More Sell Recommendations at Merrill
New York – An article in the New York Times this morning discusses
the new mandate for Merrill analysts to have certain percentages of their
coverage in the “buy”, “neutral” and “underperform” camps. Of course, one of the criticisms of Wall
Street Analysts has been their tendency to be overly optimistic about the stock
market the large number of buys relative to sells in their portfolio of
recommendations.
At present, about 12% of Merrill’s recommendations are
negative. According to Bloomberg, this compares to the average of sell side negative
recommendations of about 5%. And even this is up from the 2% sell
recommendation proportion of the dotcom era.
To establish reasonable guidelines for analysts, Merrill
looked at the previous 10 years of stock movements and found that somewhere
close to 40% of the stocks on the S&P 500 and the MSCI World Index declined
in a given year.
Merrill’s rules say that analysts cannot have more than 70%
of their recommendations as buys, cannot have more that 30% of their stock
picks as neutrals, and cannot have less than 20% of their stocks in the
underperform category.
Not to undermine what Merrill is trying to accomplish with
this quota system, but there are a few concerns we have with this system.
First, is the use of the average year as a guideline for any particular year.
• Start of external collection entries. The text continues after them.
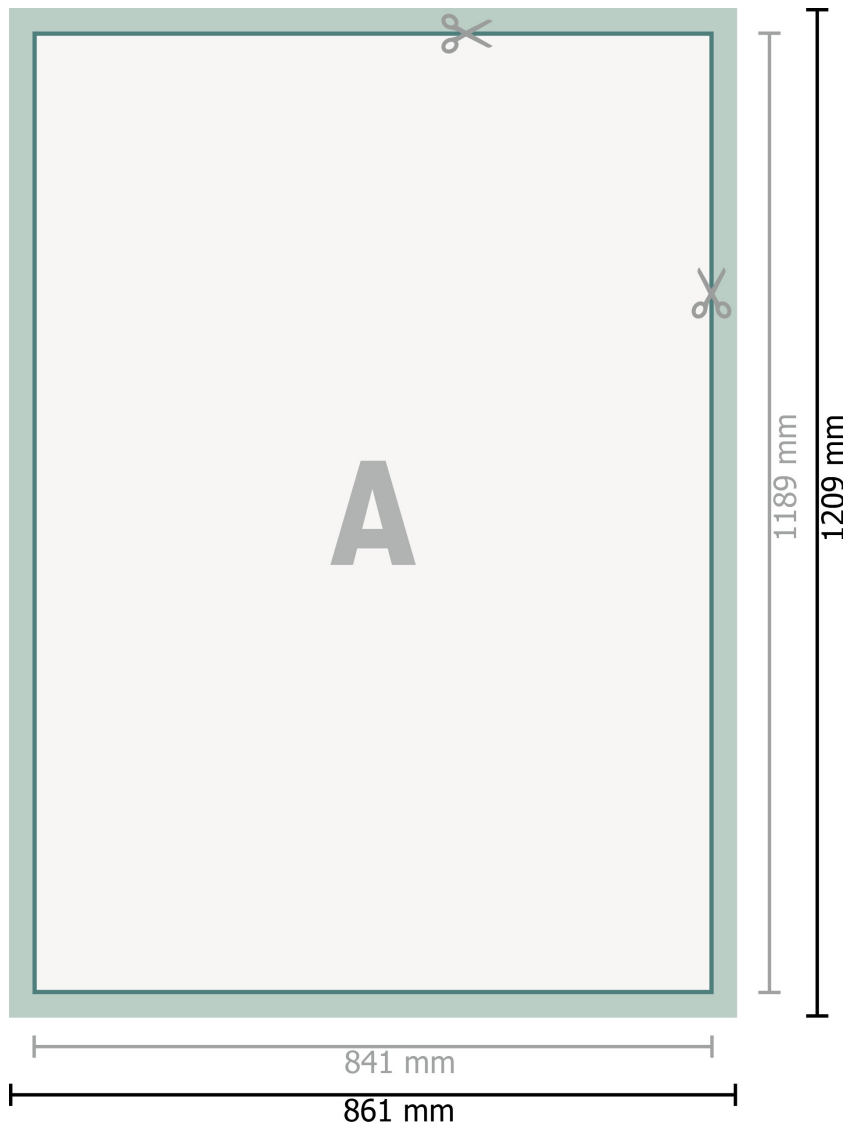

Plakaty tekstylne, tylko druk, A0

Format danych (wraz z 10 mm dodatkiem na szycie):

86,1 x 120,9 cm

Dodatkiem na szycie:

10 mm

Format końcowy:

84,1 x 118,9 cm

Odstęp bezpieczeństwa:

4 mm

Odstęp tekstu/informacji od krawędzi formatu końcowego, zapobiega to obcięciu tekstu.

Objaśnienie symboli

A Kierunek czytania

—|—|—| Kierunek czytania

—|—|—| Format końcowy

—|—|—| Format danych

■ dodatkiem na szycie

Zwróć uwagę:

Ustaw jak podano dodatek na spad i odstęp bezpieczeństwa.

Ustaw kolory tła, zdjęcia lub grafiki aż do krawędzi formatu danych.

Podczas produkcji w wyniku docinania, wykrajania lub składania mogą wystąpić tolerancje.

It may be entirely appropriate to issue a much larger that 70% buy ratings in
some very strong years. If this is the
case, then the analyst must allocate neutrals or underperforms that he/she does
not believe in. Second, the analysts must have some form of criteria for doing
a complete ordering of their portfolios.
Will each analyst need to become more mechanistic and utilize
quantitative systems to rank stocks?
The third point is more of a question than a concern. The
article points out that the number of analysts at Merrill is now 750, down from
900 in 1999. Yet, Merrill is covering more stocks than it was in 1999. Even so,
the number of stocks covered per analyst averages 5, which is a very respectable
ratio. One way for an analyst to adhere to the quota system is to have 1
underperform (20%), 1 neutral (20%) and 3 buy (60%) recommendations through out
the year. The other extreme would be to
have all stocks as buys buy only for 7/10ths of the year—you get the idea. The
most likely scenario will be for the analysts to increase--either deliberately
or subconsciously—the turnover rate of their recommendations to make the rules
less of a constraint on decision making.
The folks at Merrill are very bright, so we are absolutely
certain all of our above concerns have been already aired and overruled. So
what is the motivation for this move? The most obvious rationale might be to
position Merrill as a leader in addressing the recommendation bias on Wall
Street. Another potential benefit is the likely impact on recommendation
turnover. If the rules do actually increase the turnover in recommendations,
the research product would become more interesting to the hedge fund community.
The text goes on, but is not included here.